As the voting publics in Europe, the United States, and even Canada are turning on their liberal governments—and on the regiments of human rights lawyers who influence and substantially control them—the United Kingdom looks to be charging, mud-spattered and high in oath, in the opposite direction, into the clutches of a party led by a human-rights lawyer of the most extreme and bureaucratic type who clearly believes that elected politicians must be replaced by appointed lawyers if modern governments are to govern justly. Justifiable anger and disgust after fourteen years of misrule and incompetence by the heavily liberalized Tories are the chief reasons for the fury of the voters, who seek their revenge. Beyond that, however, the fact is that the woke insanity now rampant in the British establishment—including among its “conservative” wing—far exceeds what the United States is enduring today.
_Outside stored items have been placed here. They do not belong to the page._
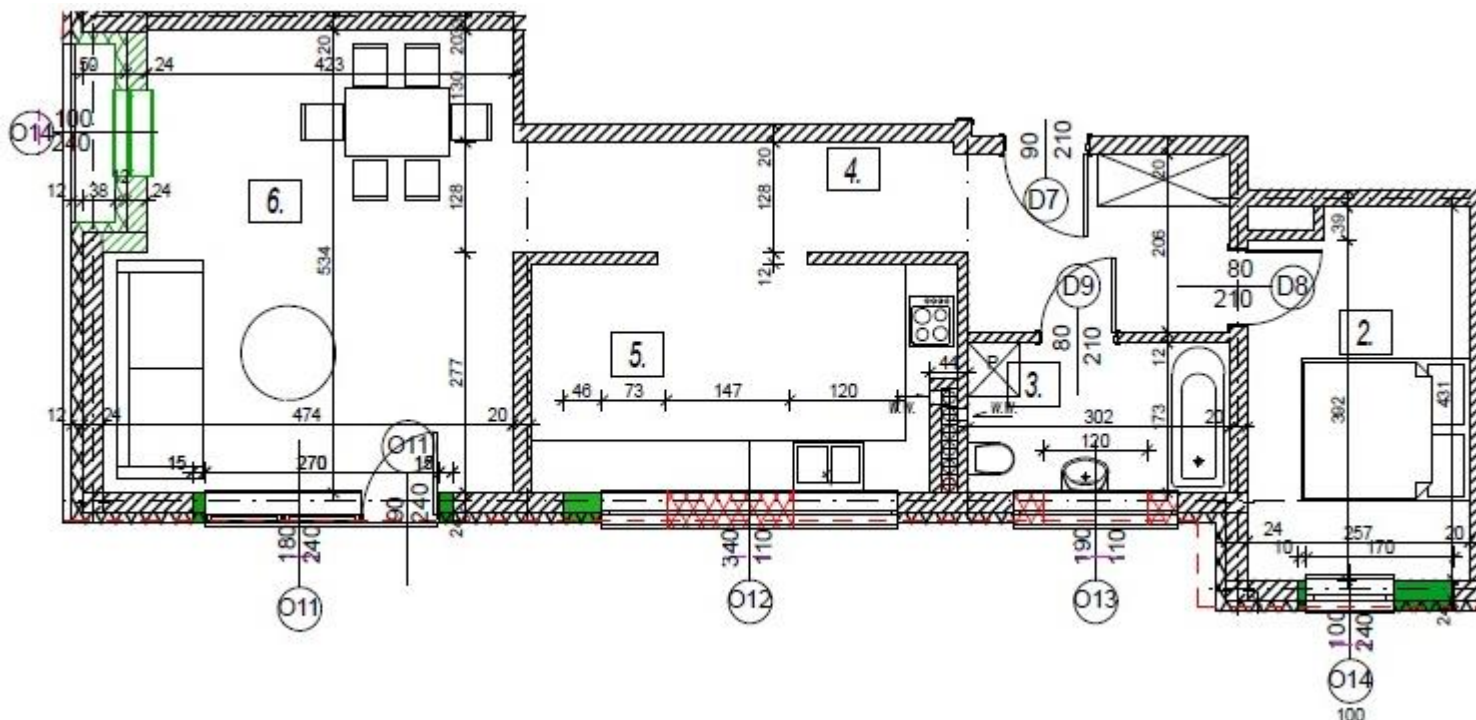

ARMII KRAJOWEJ 32

KATOWICE

LIGOTA

Lokal A 1.1

I piętro

Powierzchnia użytkowa:

65,70 m²

Zestawienie powierzchni		
2	POKÓJ	10,70 m ²
3	ŁAZIENKA	5,20 m ²
4	PRZEDPOKÓJ	12,90 m ²
5	KUCHNIA	12,80 m ²
6	POKÓJ DZIENNY	24,10 m ²
Razem		65,70 m²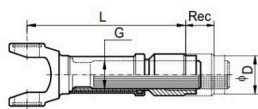

Luva Garfo (57x172) + Eixo Tubular 140 Universal

REC = RECORRIDO MÁXIMO - MAXIMUM SLIP MOVEMENT

SERIE SERIES	CRUZ LIQUANT	REFERENCIA PART NUMBER	L	*D	G	Rec.
3545	57.0 x 172.0	3545-HFBM.140	355	130.4	75 x 2.5 DIN 5480	110

412 3545-HFBM Luva Garfo (57x172) + Eixo Tubular 140 Universal

Classificação: Ainda não foi avaliado

Preço
692,96 €

Preço Venda 692,96 €

48 h
★★★★☆

[Colocar questão sobre este produto](#)

Fabricante [After Market - Europa](#)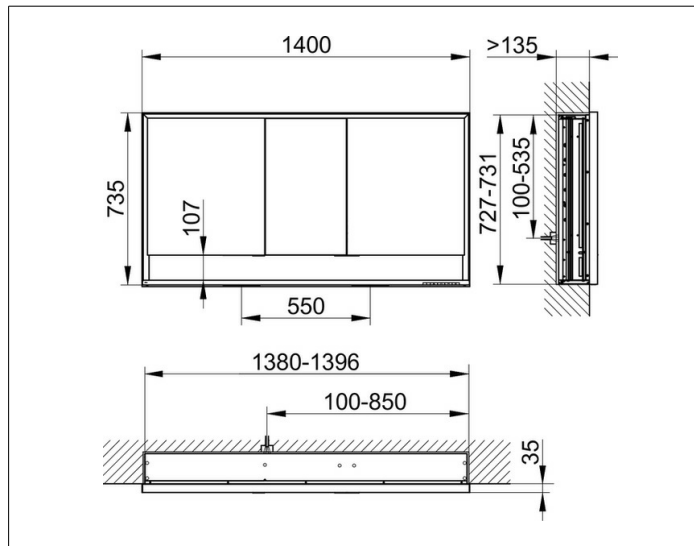

Royal Lumos

14316171301 Spiegelschrank

PRODUKT

ZEICHNUNG

PRODUKTBESCHREIBUNG

für die Wandeinbau-Montage,
 stufenlos einstellbare Lichtfarbe von 2700 Kelvin (warmweiß)
 bis 6500 Kelvin (Tageslicht),
 3 Drehtüren aus Kristall-Doppelspiegel,
 Korpus in Aluminium silber-gebeizt-eloxiert,
 Rückwandverspiegelung
 Bedienung:
 Tastenfelder mit kapazitiver Touch-Sensorik,
 integrierte Nebenstellenfunktion für z. B. Raumschalter
 Beleuchtung:
 Rahmenbeleuchtung und Waschtisch-/Fachbeleuchtung,
 separat stufenlos dimmbar und ein-/ausschaltbar
 LED 68 Watt (Lebensdauer > 30.000 Std.)
 EEK: C , 68 kWh/1000h

AUSSTATTUNG

- 2 Steckdosen
- 3 x 2 höhenverstellbare Glasablagen
- offenes Ablagefach über die ganze Breite
- Tür-Anschlagdämpfer

OBERFLÄCHE

silber-gebeizt-eloxiert

ABMESSUNG

1400 x 735 x 165 mm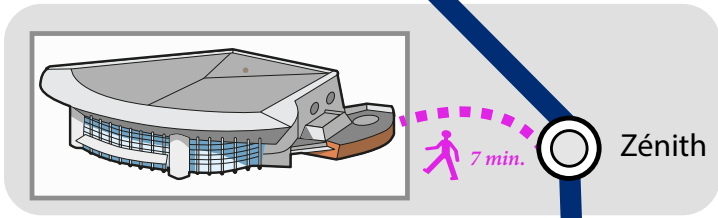

ACCES ZENITH EN TRANSPORT EN COMMUN

Retrouvez toutes les infos du réseau sur l'appli Tisséo ou tisseo.fr

Vous venez du NORD-OUEST

A621 Grenade
Cormebarrieu
Blagnac

Aéroconstellation
Rejoignez le zénith en 40 minutes

T1

Vous venez du NORD

A62 Montauban
Fronton
Aucamville

Borderouge
Rejoignez le zénith en 35 minutes

B

Vous venez du NORD-EST

A68 Albi
Gaillac
L'Union

Balma Gramont
Rejoignez le zénith en 30 minutes

A

Vous venez de l'OUEST

N124 Auch
L'Isle Jourdain
Colomiers

Arènes
Rejoignez le zénith en 10 minutes

A

Basso Cambo
Rejoignez le zénith en 25 minutes

Croix de Pierre

L5

téleo

Université Paul Sabatier

Ramonville
Rejoignez le zénith en 35 minutes

Vous venez du SUD-OUEST

A64 Portet
Muret
Tarbes

Vous venez du SUD

Oncopole
Rejoignez le zénith en 40/50 minutes

A61 Ramonville
Castelnaudary
Carcassonne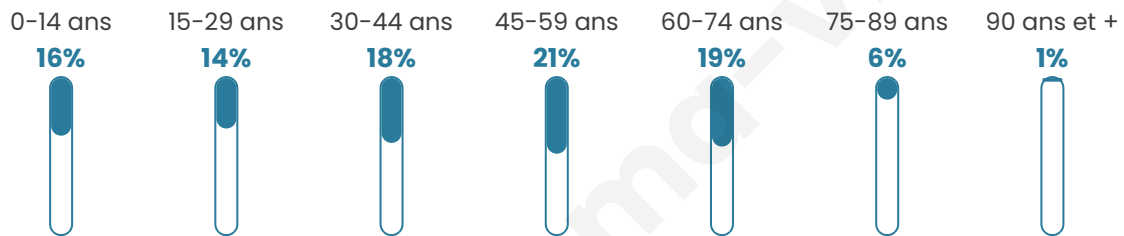

# Statistiques sur la population

Nombre d'habitants

**908**

Age moyen

**43 ans**

Pop active

**46.7%**

Taux chômage

**5.5%**

Pop densité

**53 h/km<sup>2</sup>**

Revenu moyen

**24 940 €/an**

## Evolution du nombre d'habitants

Sources : Institut national de la statistique et des études économiques (insee) selon Les dernières parutions officielles de 2024 portant sur les années 2020, 2021 et 2022.

## Tranche d'âge

Nearly three decades ago, Mary Ann Glendon published Rights Talk: The Impoverishment of Political Discourse, in which she argued that the American obsession with individual rights—what they are, who has them, and who does not—was diverting attention from other crucial constitutional concerns. Thirty years on, this obsession has spread to Great Britain with a vengeance. Among the numerous surreal issues over which the British election campaign is being fought is the “right” of minors, including those whose age is in the single digits, to decide their gender for themselves, to choose of their own volition to subject themselves to puberty-blocking drugs and various mutilative surgeries, and the ability of the state to deny their parents the right—which is really their duty—to make their children’s decisions for them without interference from the National Health Service, the courts, and the Tavistock Clinic.
Simultaneously, public law and order in England have collapsed to the point where shoplifting and burglary have become de facto “rights” and the police have given up on prosecuting these crimes. Thus “rights” are reducible to figments of the imagination, if not actual hallucinations, and liberty has been made synonymous with license. Meanwhile, the Labour Party intends, should it be entrusted with the formation of a government on Friday, July 5, to begin realigning Great Britain with the undemocratic and increasingly tyrannical European Union from which the country succeeded in liberating itself four years ago—just as the EU’s largest and wealthiest member states are reconsidering the terms of their relationship with Brussels, as demonstrated by the most recent elections for the European Parliament and by last Sunday’s elections for the French National Assembly, in which the Rassemblement National won a majority in the first round.
All things considered, this series of contemporaneous political events—among many others—gives Americans much to reflect upon on this latest anniversary of the signing of the Declaration of Independence 248 years ago.